To my fellow AIC members:
You may, or may not know that I am a board member of the College Art Association, a role Joyce Hill Stoner held before me. In fact I currently serve as Vice President for External Relations; that means I’m a conduit for feedback from membership (which I welcome) as well as responsible for raising funds for the association.
I’d like you to consider joining CAA (which can be done at https://services.collegeart.or…e.aspx?Webcode=JOINCAA. I realize you likely have memberships in several professional associations, but CAA is the only one which serves the entire community of visual arts professionals. AIC is a CAA Affiliate which means there should be significant numbers of AIC members who are also CAA members. But it is more that an obligation; I think that when art topics are discussed it is important that conservators’ and conservation scientists’ voices be heard. I can be said to represent conservators on the board and I am known as an art historian who’s a “friend of conservators” (as Ann Hoenigswald introduced me at an IIC meeting some years ago); but more conservators need to be involved.

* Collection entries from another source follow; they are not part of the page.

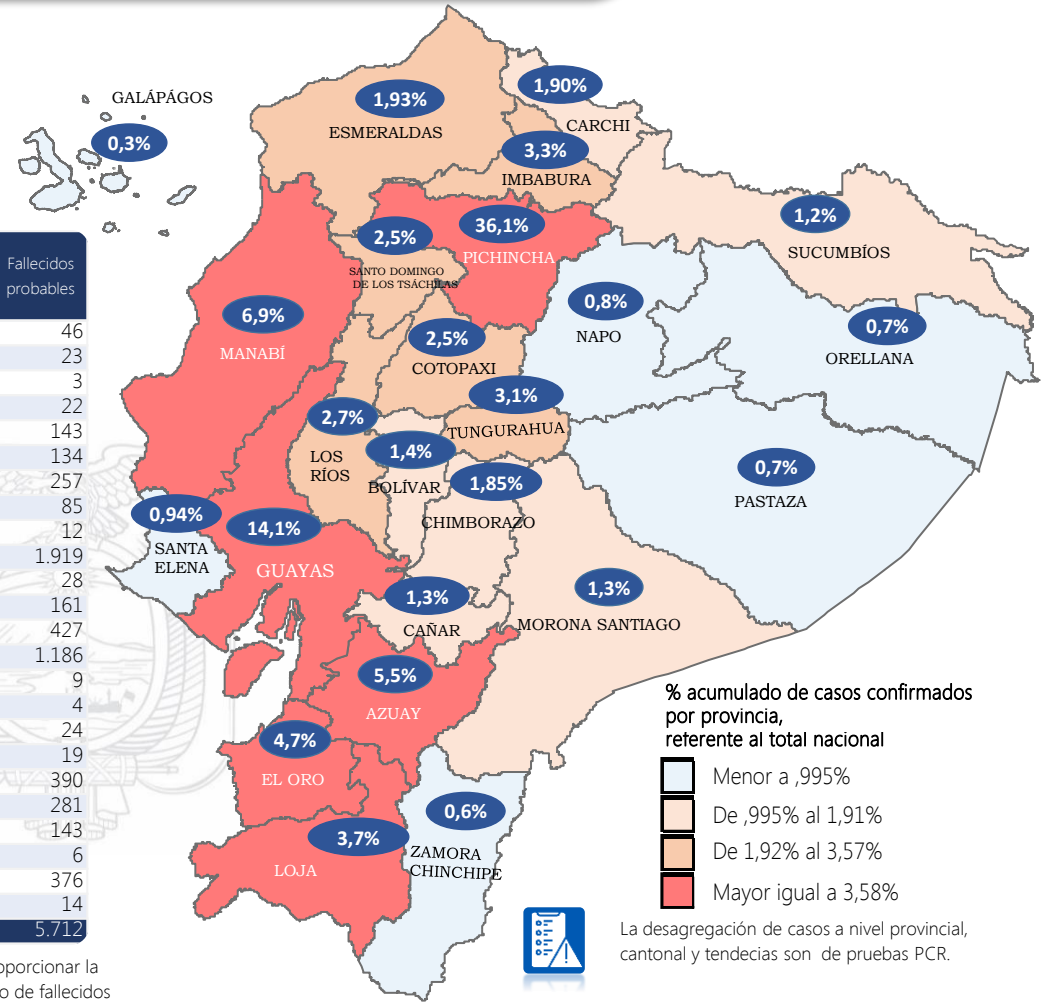

A fin de facilitar la lectura del indicador "casos fallecidos" y proporcionar la información desagregada por provincias se desglosa el número de fallecidos con Covid-19 confirmados por una prueba RT-PCR y los fallecidos probables con Covid-19.

1.072.315

Total casos descartados

48.969

Casos con alta hospitalaria

650

Hospitalizados estables

427

Hospitalizados pronóstico reservado

Llamadas 171, relacionadas a Covid 19	Teleconsulta	Atenciones en establecimientos de salud - MSP	Seguimiento telefónico	Seguimiento en domicilio
2.486.525	142.085	29.617	504.550	149.588

- Llamadas al 171 relacionadas a Covid-19: número de llamadas (acumuladas) atendidas por la plataforma 171 relacionadas a Covid-19.
 - Teleconsulta: ciudadanos atendidos a través de la APP SALUDEc y por un médico del 171.
 - Atenciones en establecimientos de salud del MSP: citas agendadas a través del 171 en establecimientos del primer nivel de atención.
 - Seguimiento telefónico: llamadas a pacientes con diagnóstico confirmado, seguidos vía telefónica en primer nivel, por un profesional del MSP.
 - Seguimiento en domicilio: visitas domiciliarias a pacientes con diagnóstico confirmado, desde el primer nivel de atención, por un profesional del MSP.

Semana epidemiológica: Es un periodo de tiempo adoptado a nivel internacional; inicia en domingo y termina en sábado y nos permite analizar la evolución de las enfermedades o eventos, sujetos a vigilancia epidemiológica.

In 2002 I initiated a series of workshops at the CAA annual meeting under the auspices of AIC and Rebecca Rushfield is continuing them. Held in museum galleries in front of actual objects (at a conference otherwise using only slides and Powerpoint images), art historians, curators, conservators and artists discuss questions of mutual interest, each bringing different points of view and expertise. Occasions such as these are significant ways for conservators to demonstrate the importance of their contributions beyond their work in the labs.
I am one of the very few art historians who is an AIC member (assuming a role that Charles Rhyne held, and splendidly, for many years), so I strongly believe in involvement across disciplines. I do hope you’ll consider joining me and 14,000 others, as members of CAA.